*Exercise*
The reply must repeat each entry exactly and contain no pictures.

========================================================================

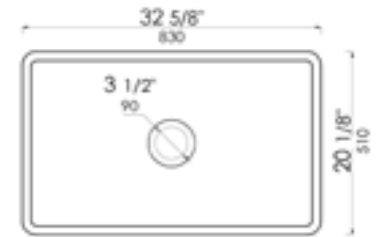

White Biscuit

36" x 18" x 10"
158 lbs.

White Biscuit

36" x 18" x 10"
158 lbs.

White Biscuit Black Glossy
Black Matte

33 1/8" x 18 1/8" x 10"
76 lbs.

Smooth

Concrete Color

32 5/8" x 20 7/8" x 9 7/8"
122 lbs.

Fluted

ABST35-BSS	Strainer
AB5006-BSS	Soap Dispenser
ABKF3001-BN	Faucet
AB3318HS-BM	Reversible Sink

========================================================================

*Answer for this exercise*
White Biscuit

36" x 18" x 10"
158 lbs.

White Biscuit

36" x 18" x 10"
158 lbs.

White Biscuit Black Glossy
Black Matte

33 1/8" x 18 1/8" x 10"
76 lbs.

Smooth

Concrete Color

32 5/8" x 20 7/8" x 9 7/8"
122 lbs.

Fluted

ABST35-BSS	Strainer
AB5006-BSS	Soap Dispenser
ABKF3001-BN	Faucet
AB3318HS-BM	Reversible Sink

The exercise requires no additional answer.